◆ EXERCISE GOAL ◆
Where in the data below does the word "Optional" appear? Copy each line that holds it.

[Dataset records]
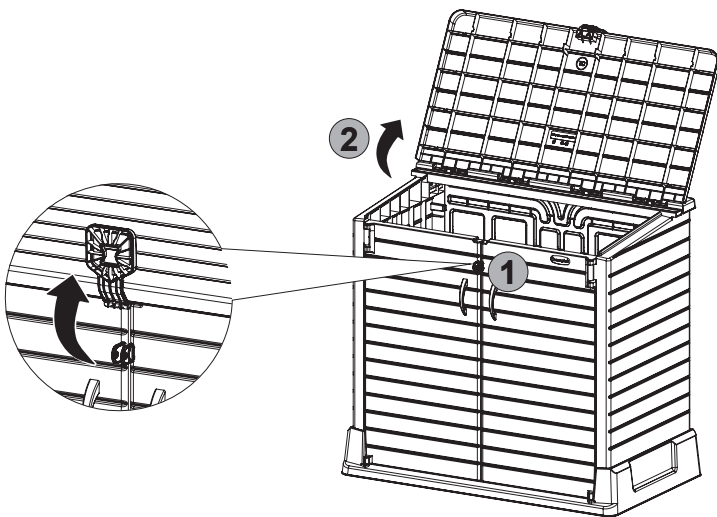

**H** x 2 **S** x 4 **FDR** x 1 **FDL** x 1

9

Tilt the Door to engage in the Side Cover

Slightly tilt the Door and the Side Cover

Join the Door to the Base

Note: Before joining the bottom of the Door to the Base, make sure the top of the Door is engaged in the Side Cover.

Parts Required  
FDR x 1 FDL x 1

10

Parts Required  
L1 x 1 L2 x 1

**11** Optional DIY Custom Shelves Installation

Shelves and screws are not included in the packing

Mark the locations of the screws to align each shelf, and screw tightly in position /

It is recommended to use 6 screws per shelf (3 on each side)

**12** Directions of Use

Manufactured by: **Cosmoplast Industrial Co. LLC**, Sharjah, United Arab Emirates

Contact Us: ☎ +971-4-8800333 ✉ cplast@cosmoplast.com
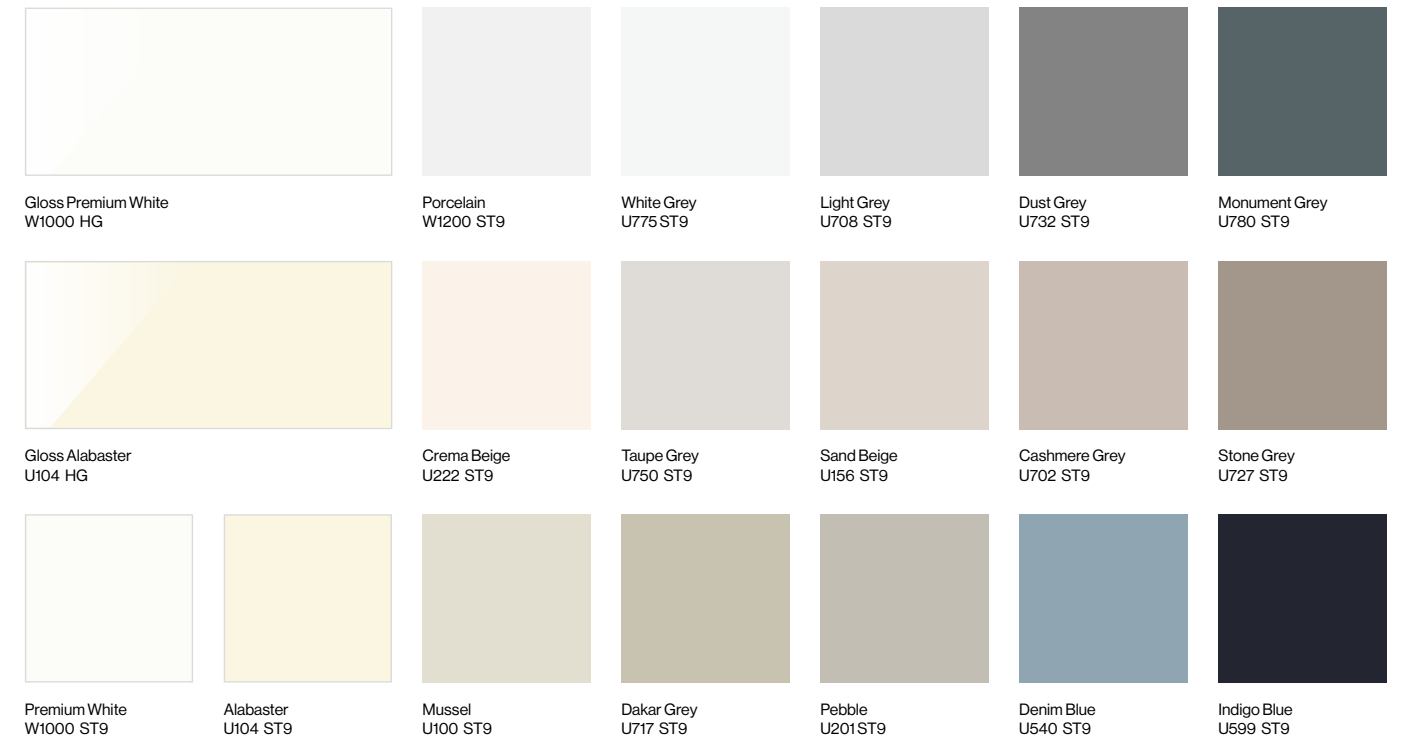

VAASA MFC Matt Uni-Colour Finishes
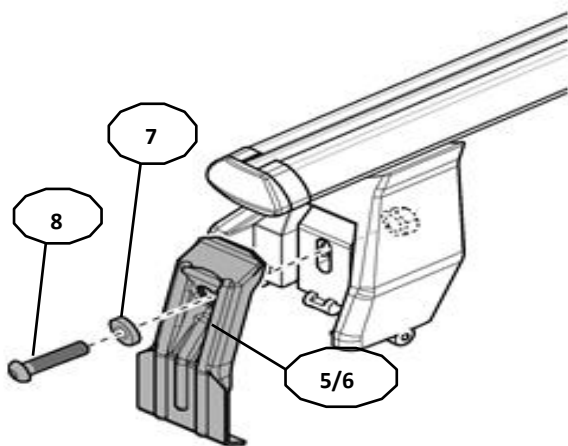

1

MANUFACTURER	MODEL CAR	DOORS	MODEL YEAR	D1	D2
ACURA	TLX	4	15>19	6,0	5,0
FORD	Fiesta V	3	02>08	4,9	4,5

2

Front	Rear
5	6
26	18R
2X	2X

OR

MANUFACTURER	MODEL CAR	DOORS	MODEL YEAR	A1	A2	A1	A2
				cm	cm	in	in
ACURA	TLX	4	15>19	18	45	7,1	17,7
FORD	Fiesta V	3	02>08	48	28	18,9	11,0
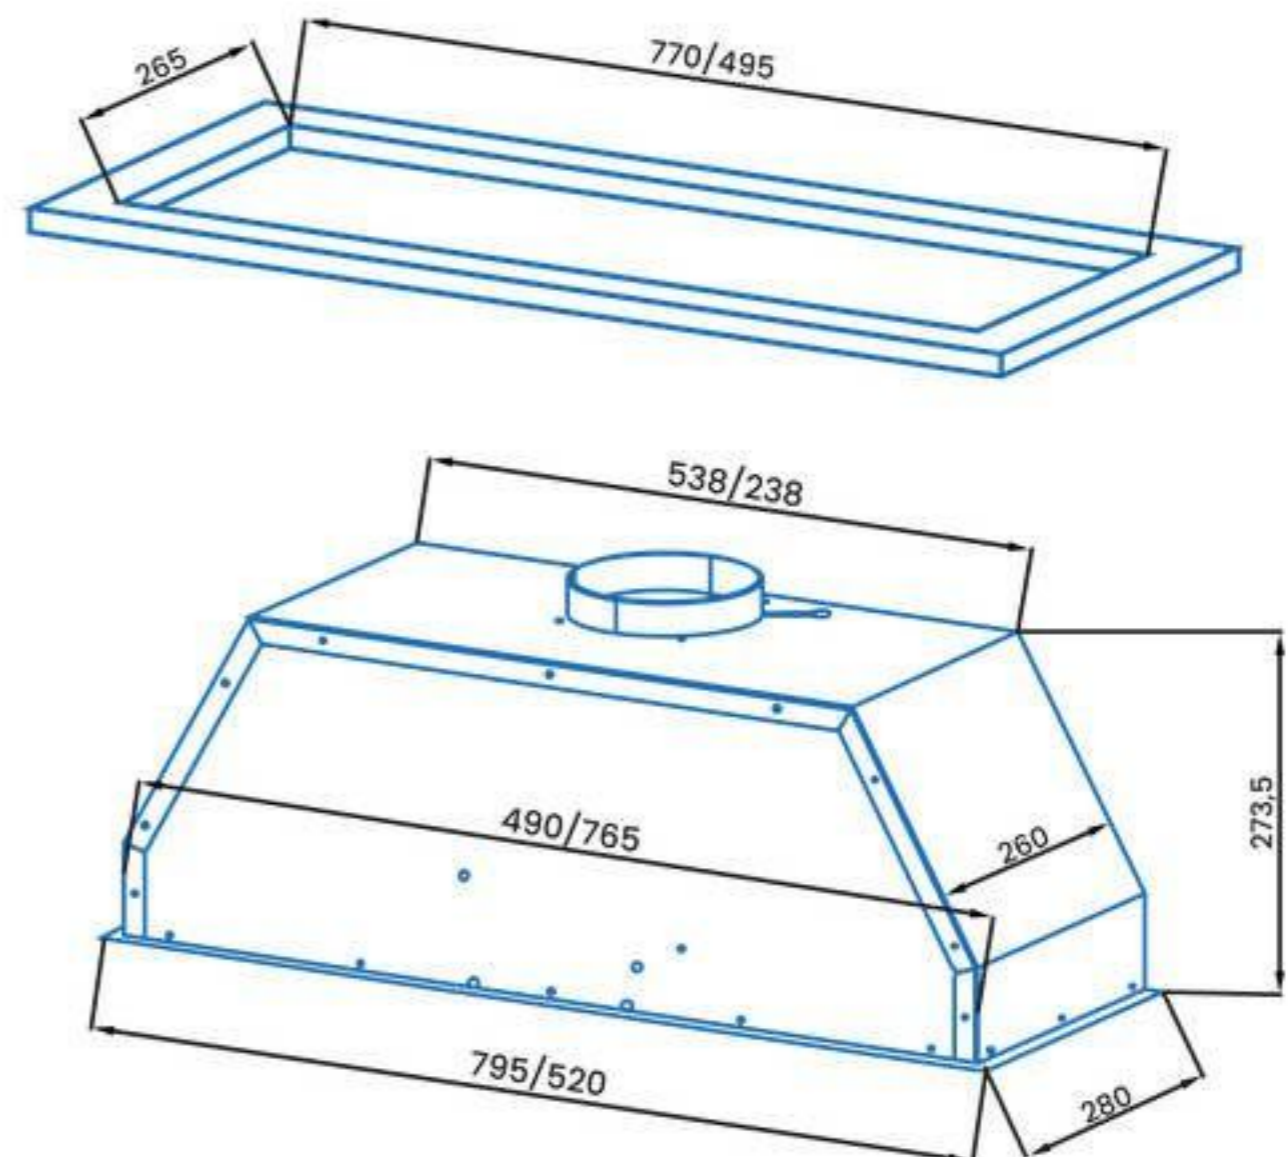

EURO TYPE

Model	AGB3057
Dimensions	520 -700 - 900 mm
Filter	3 Layer Alu Filter
Air Outlet Size	Ø 120 mm
Control	Push Button Control
Piston	No
Telescopic Chimney	No
Color	Black-White-Cream-Inox
Optional	Carbon Filters
Extras	Push Button control, 3 power levels, Led lighting, Aluminum filter.
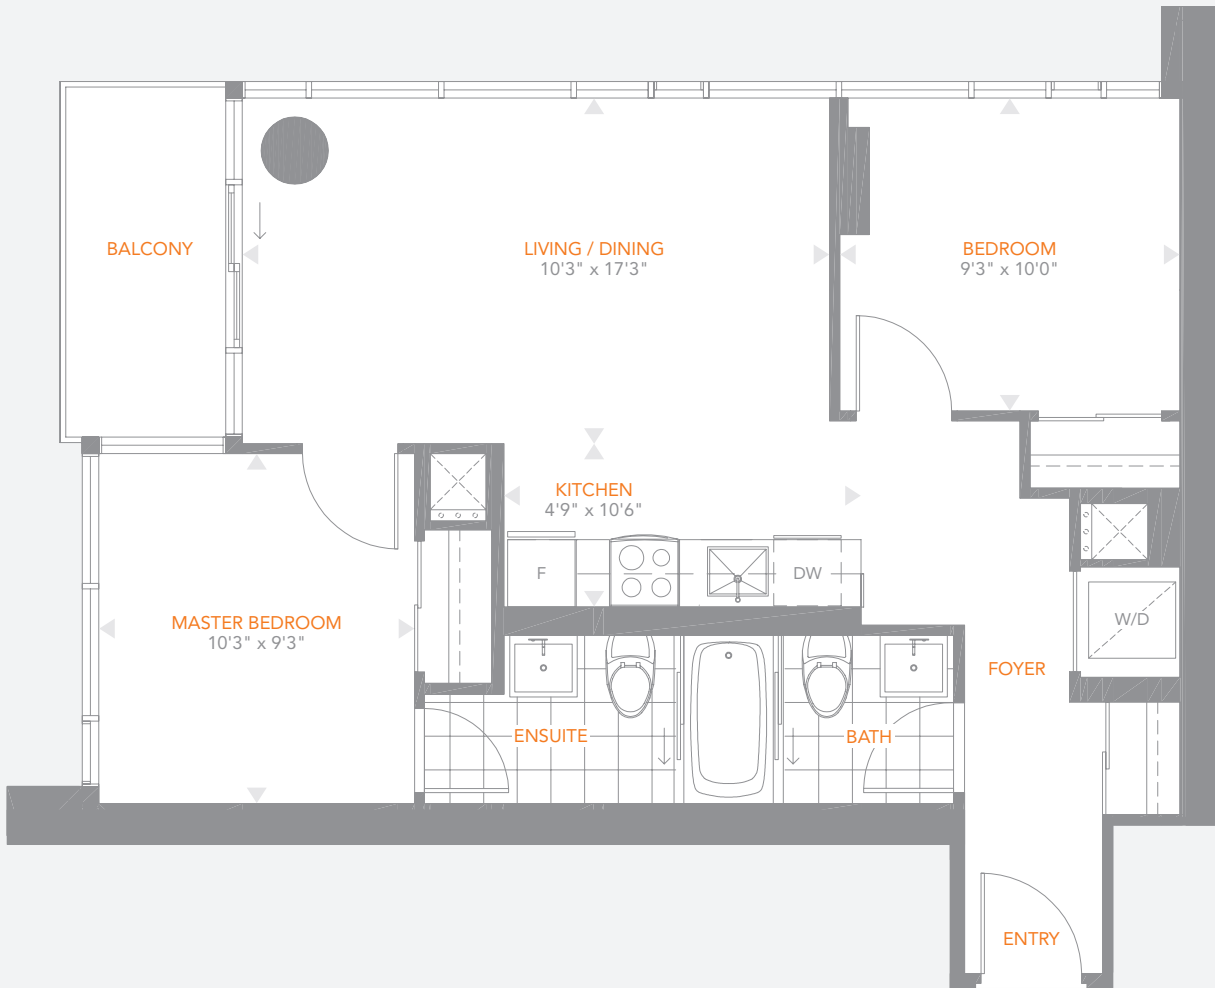

RESIDENCE 02

TWO BEDROOM (FLOORS 12-42)

780 TOTAL SQ. FT.

730 SQ. FT. + BALCONY (50 SQ. FT.)

All areas and stated room dimensions are approximate. Sizes and specifications are subject to change without notice. Actual living area and balcony/terraces may vary from floor stated areas. All illustrations are artist's concept. E & O.E.
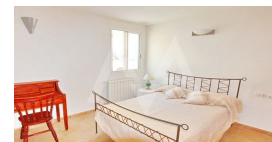

RA2091ALT02
Nice Apartment In Sierra De Altea

Altea
SOLD

Property features

Alarm
Armored Door
Double Glass Windows
Internet Connection
Tv Satellite
Wifi

Community features

Game Area
Gardens
Golf Court
Gym
Hotel
Indoor Swimming Pool
Jacuzzi
Paddle Court
Parking
Public Transport
Sport Center
Tennis Court

Property details

Built size	100 m2
Plot size	0 m2
Bedrooms	2
Bathrooms	2
City	Altea
Build	-
Orientation	-
View	Others
Distance Airport	65 km
Distance Sea	3000 m
Distance Shops	3,5 km
Dist. City Centre	3,5 km
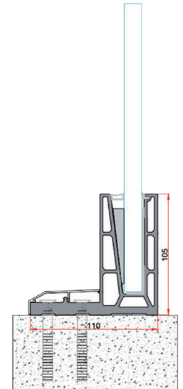

TVE CC 120

Top Mounting System

Color	Multiple
Use	Medium to heavy
Glass Thickness	12mm up to 17.5mm
Glass Height	Up to 1200mm

*Glass Toughen Coumpulsary.

Applications

◆ EXERCISE SOLUTION ◆
**11** Optional DIY Custom Shelves Installation
Optional	Carbon Filters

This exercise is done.